Scientific classification
- Domain: Eukaryota
- Kingdom: Animalia
- Phylum: Arthropoda
- Class: Insecta
- Order: Hymenoptera
- Family: Megachilidae
- Genus: Megachile
- Species: M. rubi
- Binomial name: Megachile rubi Mitchell, 1924

= Megachile rubi =

- Genus: Megachile
- Species: rubi
- Authority: Mitchell, 1924
- Conservation status: G3

Species of bee

Megachile rubi is a species of leaf cutting bee in the family Megachilidae, found in the eastern United States. First described by Mitchell in 1924, it is placed in the subgenus Xeromegachile, members of which are most often found in sandy areas and have distinct preferences in the petals and leaves they use in their nests.

==Description==
Females can be distinguished from related species by the fact that the 6th tergite (dorsal abdominal plate) has short, flattened downy hairs with no erect or semi-erect hairs. Males are distinguished by the 7th tergite being tipped with a spiny protuberance.

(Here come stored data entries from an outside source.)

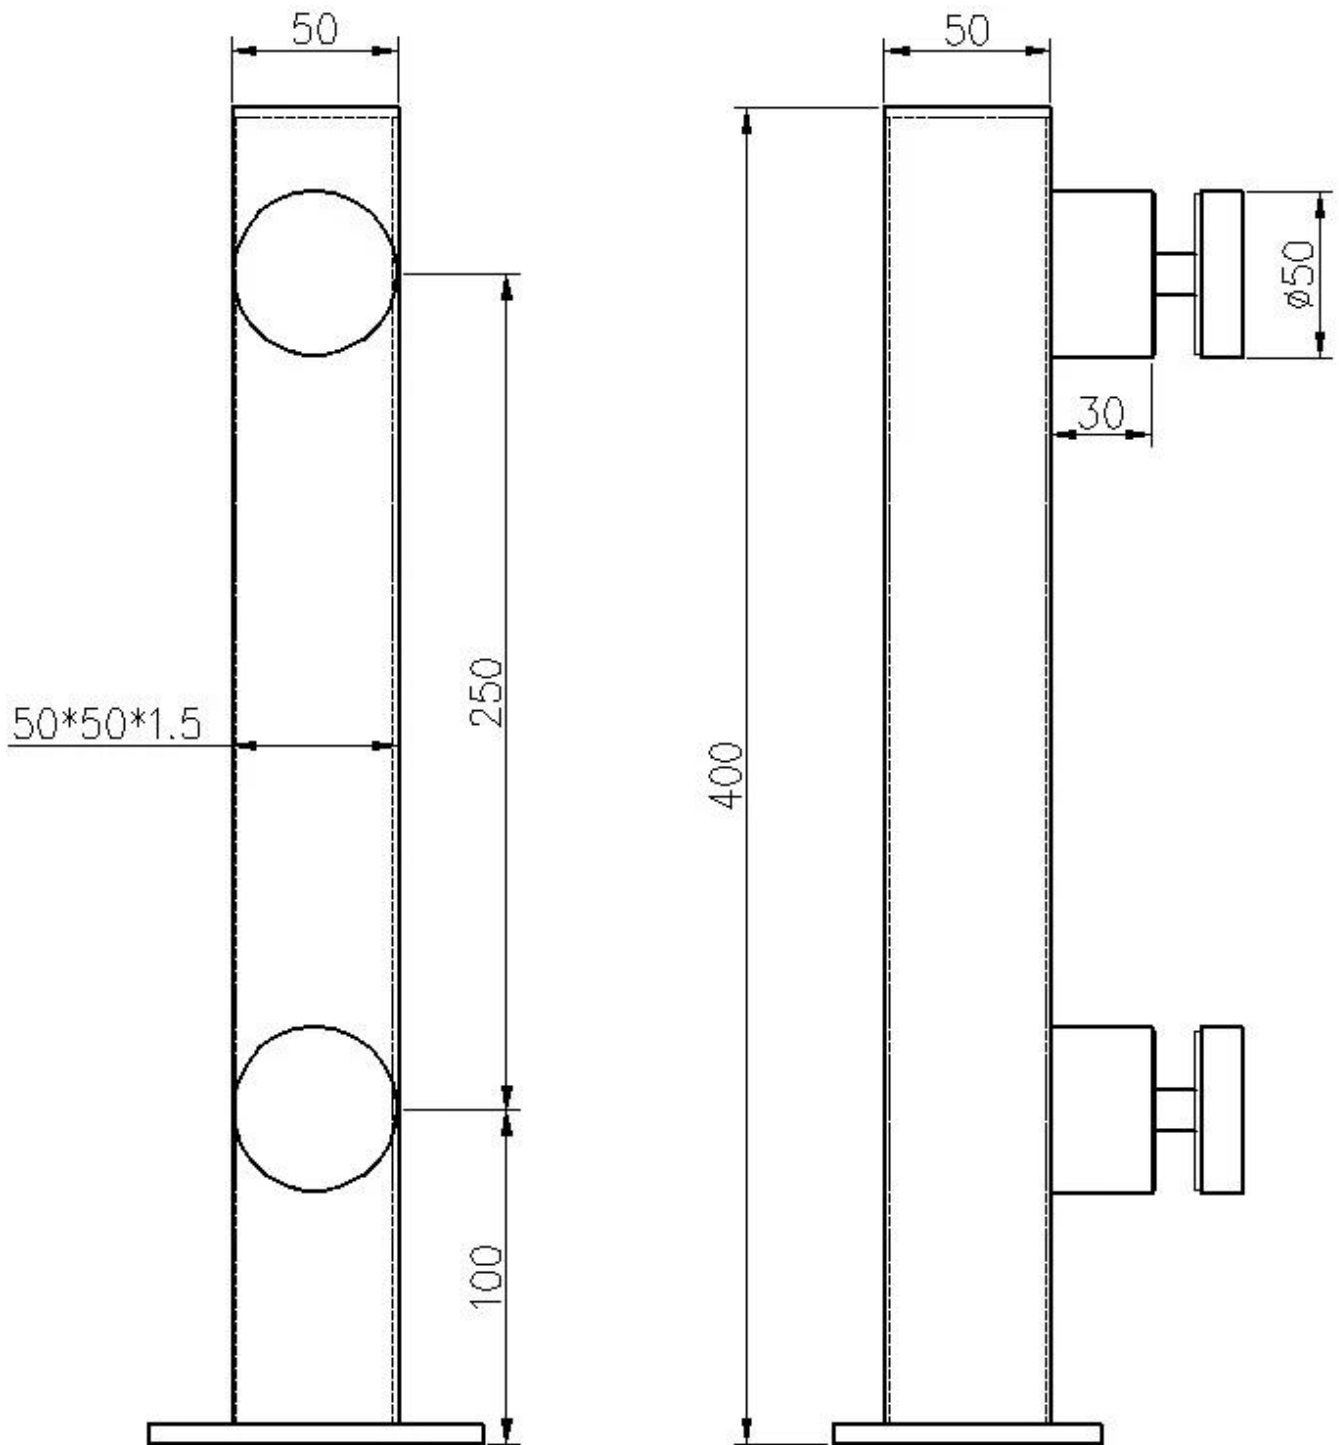

Edelstahl Balustradenglas Mini Short Post Glasklemmgeländersystem

Edelstahl Balustradenglas Mini Short Post Glasklemmgeländersystem

KEBIL 科比奥®

Artikel-Nr.	LCH-100
Basisgröße	140 x 76,50 mm für 4 Löcher
Material	Edelstahl 316
Fertig	Gebürstetes Nickel Polierter Chrom Matt-schwarz

Technische Zeichnung:

Projektfotos:

Ein weiterer runder Typ:

Bitte kontaktieren Sie uns für weitere Informationen:

Wendy: sales04@launch-china.cn

HP / WhatsApp: +86 159 8933 9827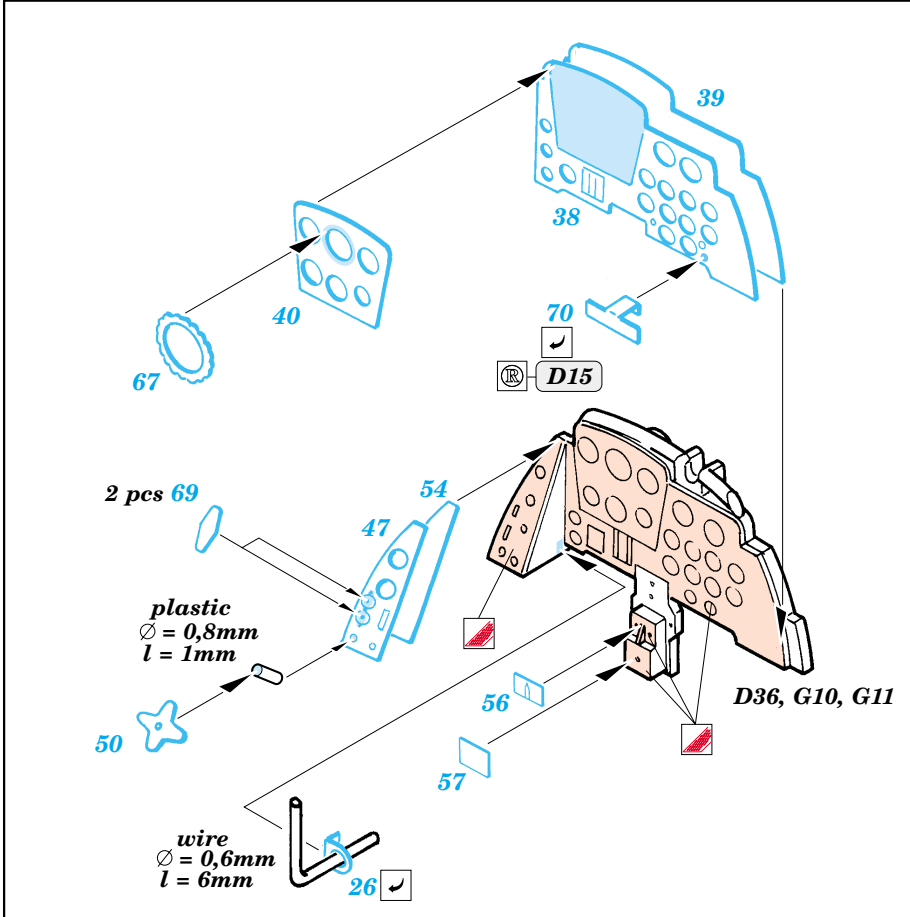

# Me 262A-1 Schwalbe interior

1/32 scale detail set for Trumpeter kit • sada detailů pro model 1/32 Trumpeter

eduard

32 550

Film

- APPLY EXPRESS MASK AND PAINT BEFORE GLUING  
POUŽIT EXPRESS MASK NABARVIT PŘED SLEPENÍM
- SYMMETRICAL ASSEMBLY  
SYMETRICKÁ MONTÁŽ
- REMOVE  
ODSTRANIT
- GRIND  
OBROUSIT
- DRILL HOLE  
VRTAT OTVOR
- BEND  
OHNOUT
- OPTION  
VOLBA
- REPLACE  
NAHRADIT

ORIGINAL KIT PARTS  
PŮVODNÍ DÍLY STAVEBNICE

PHOTO-ETCHED PARTS  
LEPTANÉ DÍLY

PARTS TO BE REMOVED  
DÍLY K ODSTRANĚNÍ

FILL  
TMELIT

References : Aero Detail No.9 - Messerschmitt Me-262 A  
 MBI - Messerschmitt Me-262 Schwalbe  
 Peregrine Publishing - Me-262 A Schwalbe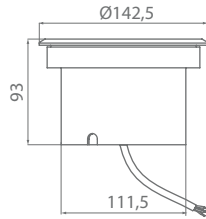

SLD-07-C

working voltage <i>Betriebsspannung</i>	24V DC
LED power <i>LED Leistung</i>	7,2W
beam angle <i>Abstrahlwinkel</i>	120°
available colors <i>Lichtfarbe</i>	cool white | white | warm white red | amber | blue | green | RGB
IP Code <i>Schutzart</i>	IP 67
safety class <i>Schutzklasse</i>	III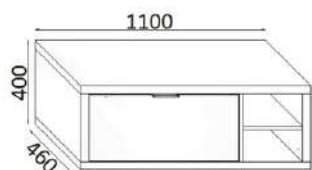

Base 1 cassetto sx + vano a giorno
Base 1 drawer left + open compartment

PROF. 40 CM

LARGHEZZA (CM) WIDHT (CM)	CODICE CODE	CEMENTO/ CEMENTO	CEMENTO/ ROVERE	ROVERE/ CEMENTO	ROVERE/ ROVERE

110 TEMO607

- specificare in fase d'ordine il materiale della scocca e del cassetto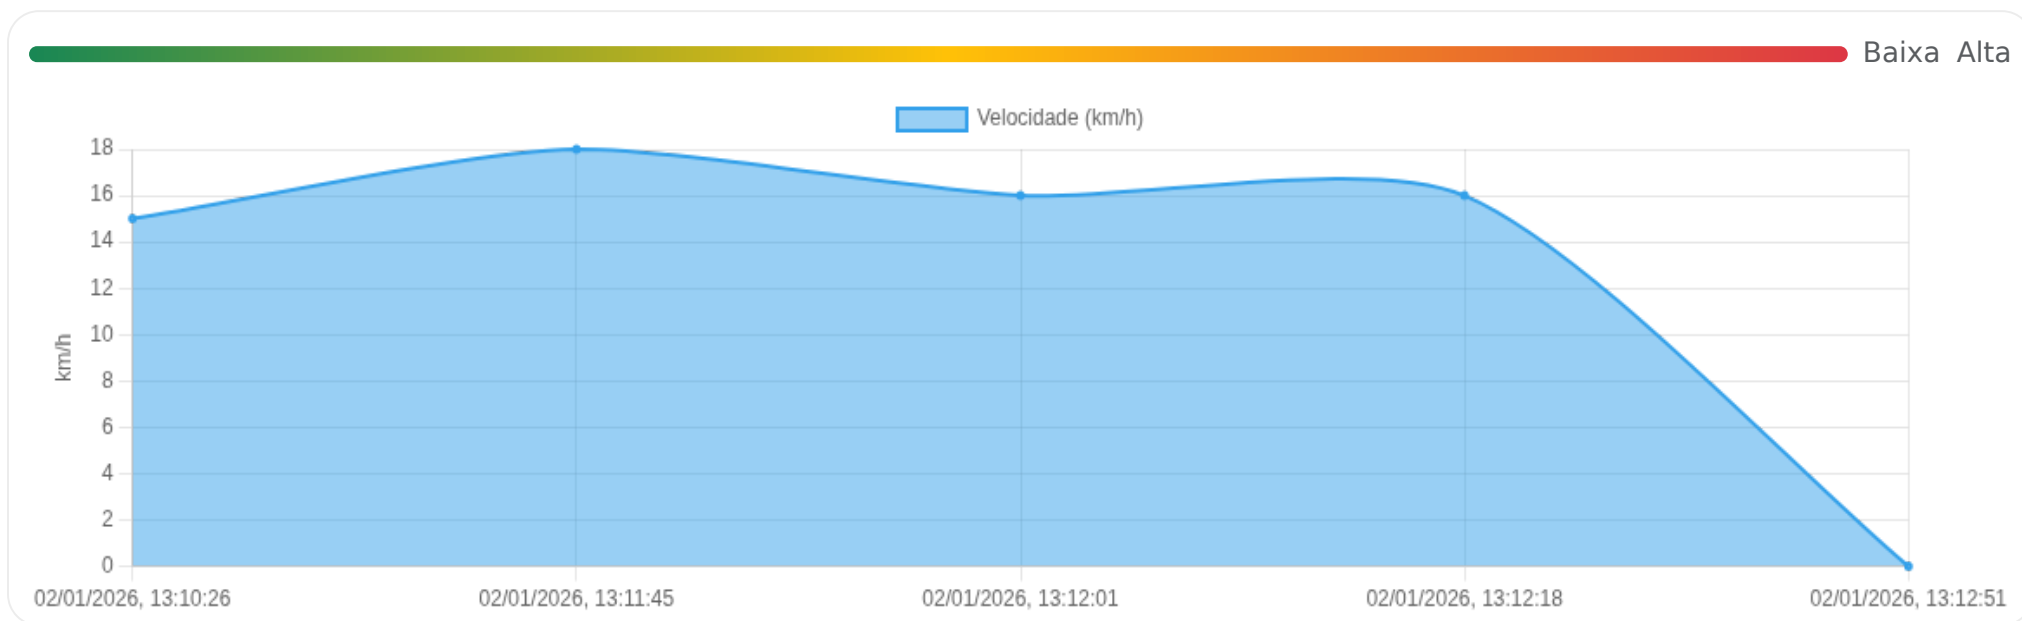

### ⚡ Resumo executivo

📈 Movendo: 2%    🛑 Parado: 98%    🚗 >80: 0%    ⚠️ >100: 0%

Pico de velocidade <b>23 km/h</b> 03/01/2026, 09:16:28	Horário com mais movimento <b>09:00</b> Baseado em densidade de pontos	Parada mais longa — —	Risco do período <b>Baixo</b> Estimativa por excesso/volume
--	--	-----------------------------	---

## 🚗 Velocidade (visão geral)

limite: 100 km/h

Velocidade (km/h)

29/12/2025, 17:33:10 30/12/2025, 05:34:00 31/12/2025, 13:42:40 01/2026, 12:02:20 02/01/2026, 21:11:10 03/01/2026, 06:47:08 03/01/2026, 17:14:10 04/01/2026, 03:58:18 05/01/2026, 13:33:18 05/01/2026, 00:24:05

0-60

60- 100

> 100

Clique em um ponto (no navegador) para abrir a posição no mapa.

Viagem #1 02/01/2026, 13:10:26 → 02/01/2026, 13:12:51

Dist: 1 km

Duração: 0h 2m

V. Máx: 18 km/h

**Início:** 02/01/2026, 13:10:26 **Fim:** 02/01/2026, 13:12:51 **Duração:** 0h 2m **Distância:** 1 km **Vel. Máx:** 18 km/h

► **Partida:** Parque Dom Pedro, Itaitinga, Ceará

■ **Chegada:** Rua P, Parque Dom Pedro, Itaitinga, Ceará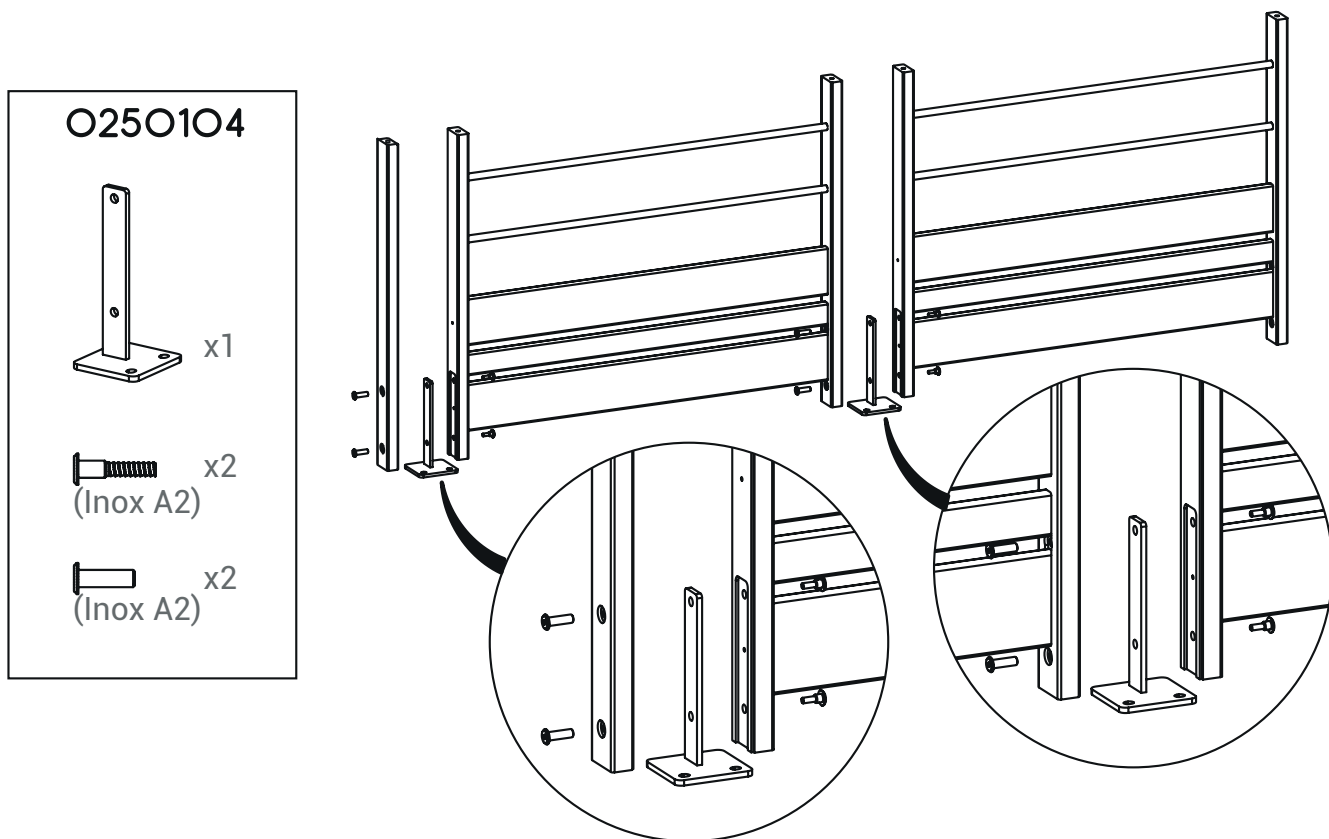

FICHE TECHNIQUE

MOKA Support poteau

Réf. O250104 – EAN 3443440250104 – NOIR

Qualité professionnelle
Solution prête à poser
Matériaux : acier polyzingué
Utilisation extérieur

INSTALLATION FACILE, FIABLE ET FAISABLE PAR TOUS

Garantie 2 ans

Composition pack

1 support pour poteau
Visserie

NOIR

LOGISTIQUE

Gencod

3443440250104 – réf O250104

Livré

Sous blister

Poids unité de vente

1,62 kg

Colis

12,50 cm x 31,50 cm x 11,50 cm

INFOS COMPLÉMENTAIRES

Conditionnement :

Unité de vente : 1 pce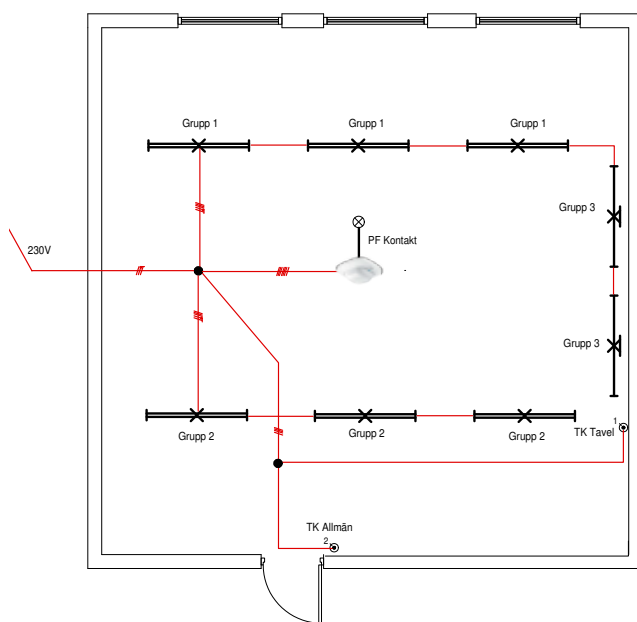

Alla armaturer och DALI Plus sensorn ansluts till DALI-slingan. Sensorn sköter sedan om all adressering. Använd den extra potentialfria reläkontakten för t.ex. HVAC eller Cut-Off.

==Distribution and habitat==
Megachile rubi is native to the eastern part of the United States, its range extending from North Carolina to Florida. These bees are usually found in dry habitats such as sand dunes and areas of sandy scrub.

==Behaviour==
M. rubi is a solitary bee species and nests in holes in the ground. Holes are excavated by the female at an angle of 20° to 45° from the horizontal and then level out underground. A small spoil heap of sandy material is thrown up near the entrance. The female constructs one or more cells in the burrow. Each cell is lined with pieces of cut leaf, the sweet birch (Betula lenta) being used in some instances. Each cell has 2 to 6 rounded base pieces, 8 to 14 rectangular side pieces forming several layers round the perimeter, and 2 to 6 rounded cap pieces. Each leaf portion is carefully cut and in the case of the side pieces, the portions forming the inner layers are smaller than the outer ones. The leaf-lined cell is two-thirds filled with a pollen and nectar mix and an egg is laid at one side before the cap is placed in position. In multi-cell nests, the next cell adjoins the previous one, end to end. Blister beetles (Lytta sp.) sometimes lay their eggs in the cell as parasites. When the last cell is capped and the nest is complete, the female drags sandy soil back into the burrow from the spoil heap, plugging the entrance.